Automated Caption Generator

forthebadge made-with-python

Open In Colab

Automatic Image Captioning, using Deep Learning and Flickr-8k Dataset. Also made a comparison between Xception Model and Inception Model.

This is the easiest way to generate captions and alt text for all kind of images using Convolutional Neural Networks and a type of Recurrent Neural Network (LSTM).

About

The image features will be extracted from CNN models trained on the imagenet dataset (see below) and then the features are fed into the LSTM model which will be responsible for generating the image captions.

This Repo revolves around 2 Models provided by Keras.

  1. Features Extracted can be found here
  2. Dataset used can be found here
  3. Jupyter Notebooks can be found here
  4. Models Trained can be found here
  5. Requirements and dependencies can be found here

Want to contribute?
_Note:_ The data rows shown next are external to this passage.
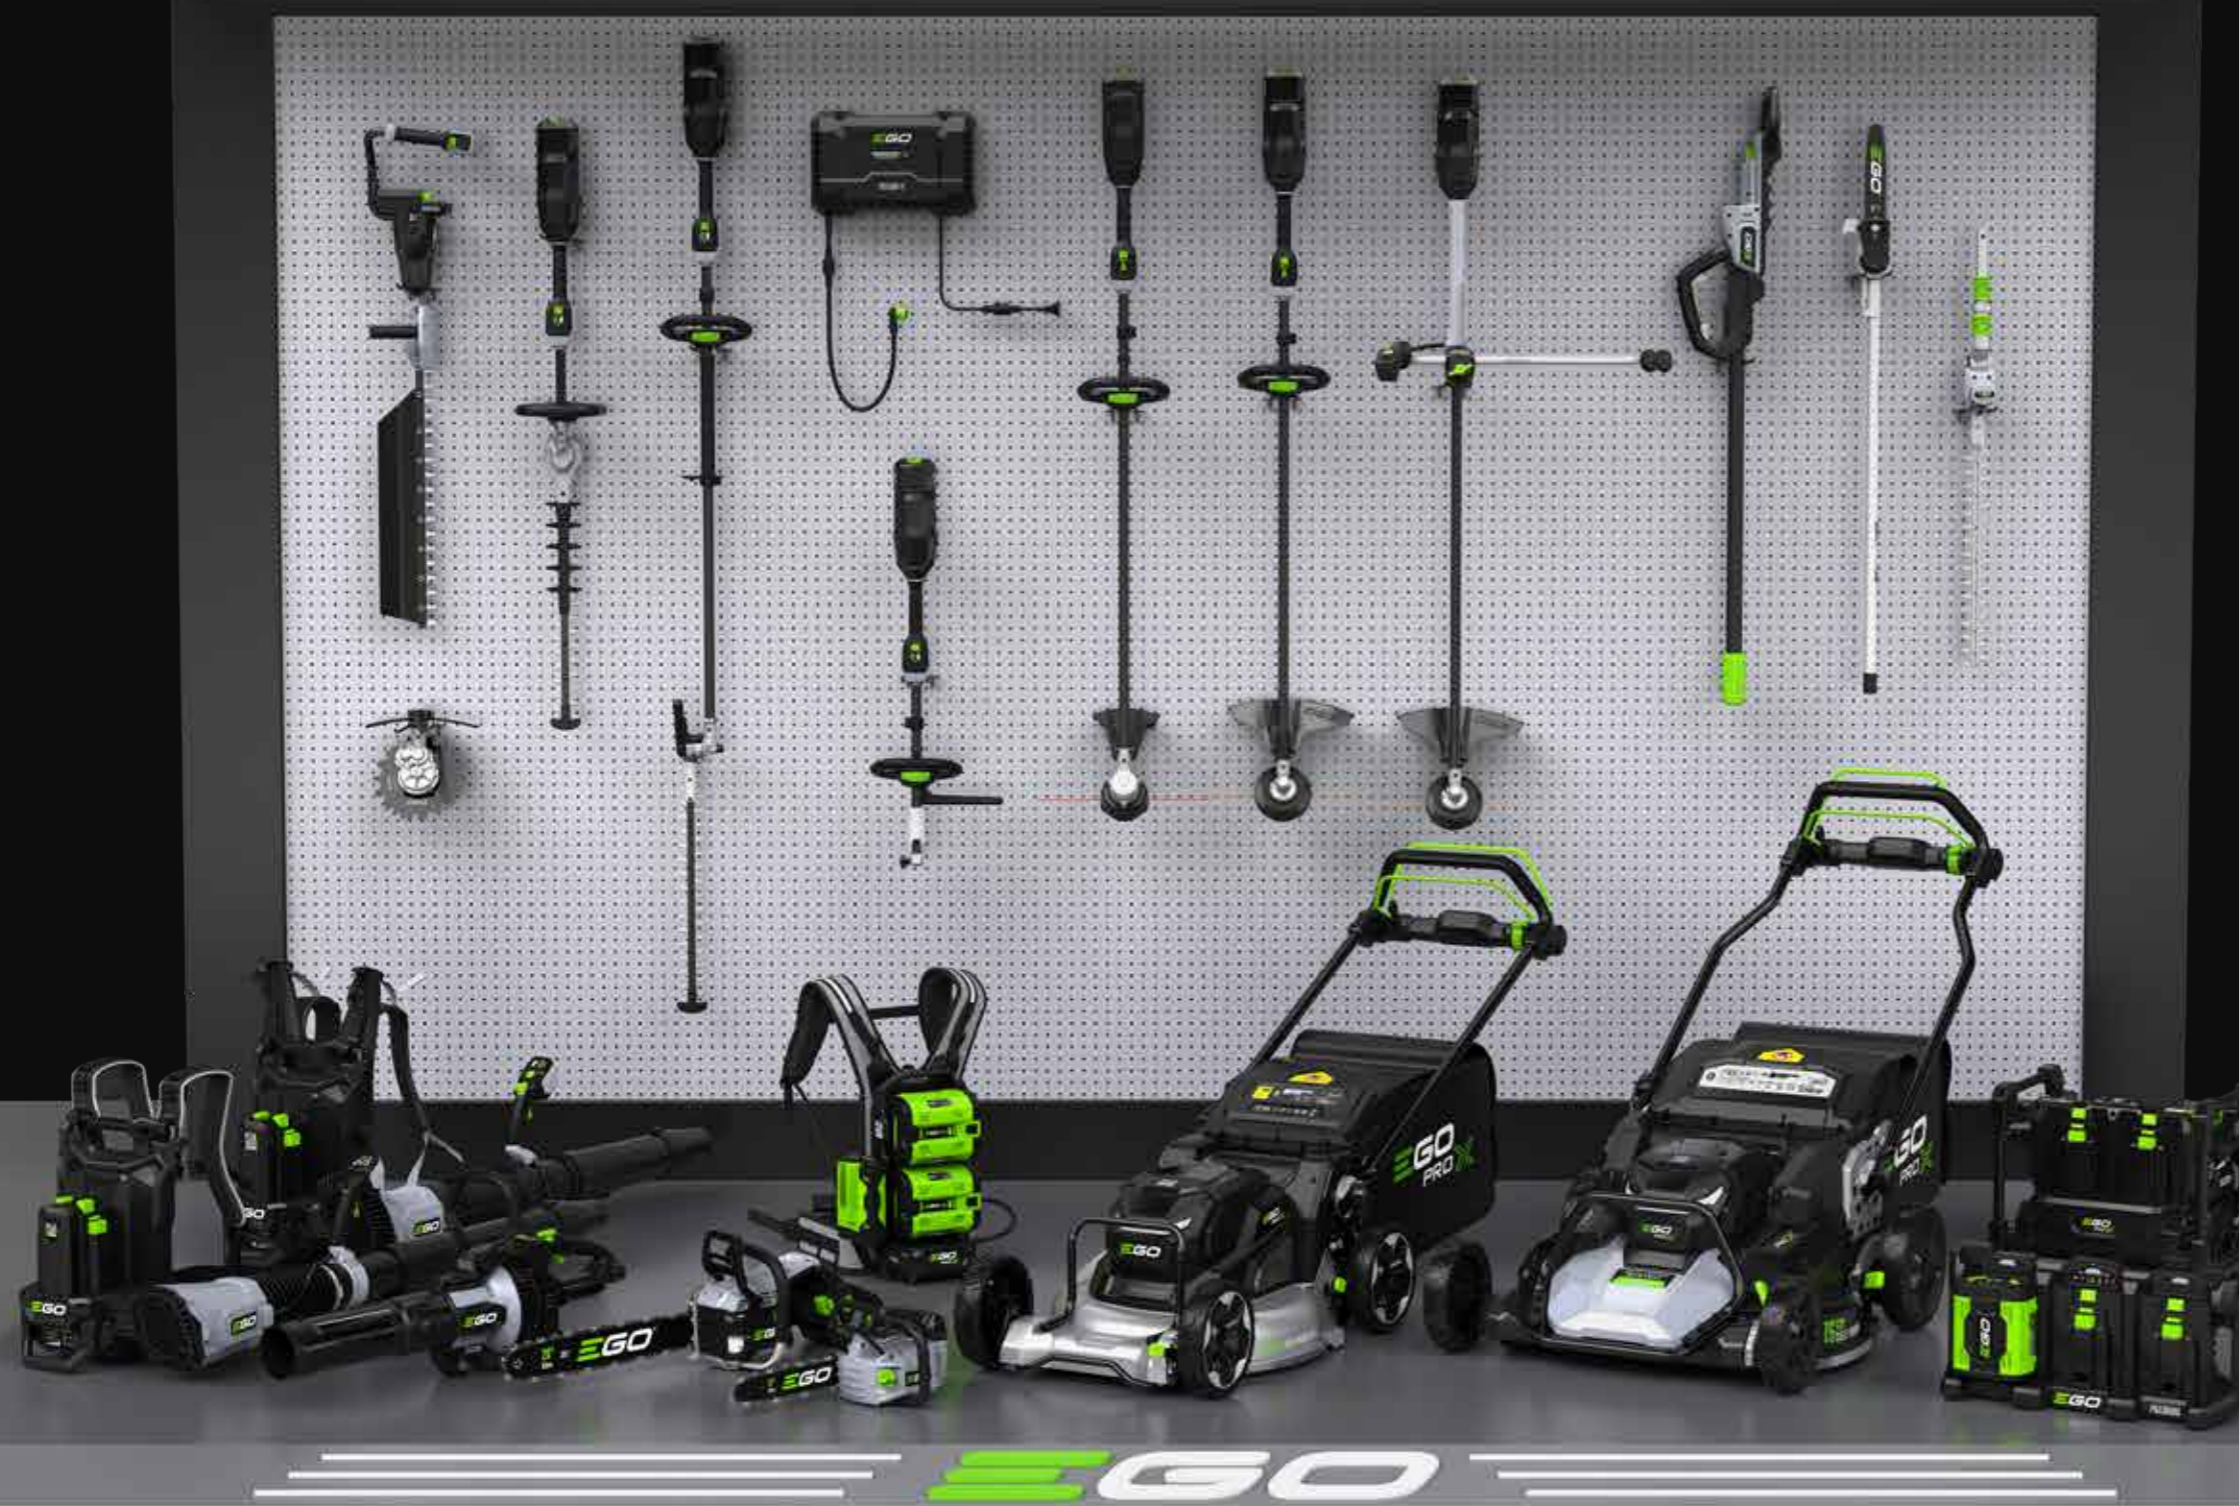

EGO[™]
PRO X

NEXT GENERATION ***IN OPLADEN EN PRESTATIES***

CATALOGUS 2026

ZERO 
EMISSION

INHOUDSOPGAVE

- 4 Ons verhaal
- 5 Een Groenere Toekomst
- 6 EGO Power+ Accutechnologie
- 8 EGO Power+ Garantievorwaarden
- 10 Introductie PRO X
- 12 De voordelen van EGO PRO X
- 14 PRO X Assortiment
- 16 EGO Accu's
- 18 Harnassen en ruggedragen accu
- 20 Draagharnas
- 22 PRO X Laadsysteem
- 24 Accu Looptijden / Accucapaciteit
- 26 Grasmaaiers
- 28 Kettingzagen
- 30 Telescopische Producten
- 32 Grastrimmers / Bosmaaiers
- 35 Rotocut
- 36 Heggenscharen
- 42 Bladblazers
- 46 Multitool
- 52 Powered By EGO

Suggestions, Error reporting, Bug Solving are highly appreciated, please open an Issue and/or PR here

Setup

  • Setup a Virtual Environment (HIGHLY RECOMMENDED)
  • Activate the Environment.
  • Install Requirements, use pip3 install -r requirements.txt
    • NOTE: A GPU accelerated hardware is recommended, after TF v2.1, there is no need to install GPU separately. So no need to use pip3 install tensorflow-gpu For GPU, separate Guidelines are provided here.
  • See the Google Drive links for features, dataset and models.
  • Download the required files.

GPU

It is recommended to train these Neural Networks using GPU accelerated hardware. User first need to have a CUDA enabled Graphics Card, if this condition is met, Download CUDA toolkit and cuDNN library.

For installation and help, these links are helpful:

Official CUDA Installation Guide

Official CUDNN Installation Guide

An easy walk-through

Usage

  1. Start with changing the hardcoded paths in the python scripts.
  2. If yu want to train the Network yourself (GPU recommended), run the whole script.
  3. You can skip, Feature Extraction and Selection and Model training by downloading the required files.
  4. Comment out the code you wnt to skip.
  5. Classification Task is separately marked.
  6. For only classification, execute only those functions which are invoked during the task.
  7. Check Notebooks for an interactive example.
  8. Inception Model uses GloVe word vectors, see this, download the file beforehand.

Author

Made by Vybhav Chaturvedi. I have plans to update this project even further but that is beyond he scopes of this Repo, Rotten-Scripts is not meant for Deep Learning but is a accumulation of scripts in multiple languages.

Check this Repo, if you have further interests in Preprocessing using word ranking, and BLEU.

Disclaimer

Using GPU for training these networks can lead to Memory overflow errors, long sessions can lead to overheating issues and can cause similar problems related to GPU computing.

Carefully read the CUDA guidelines to avoid any problems.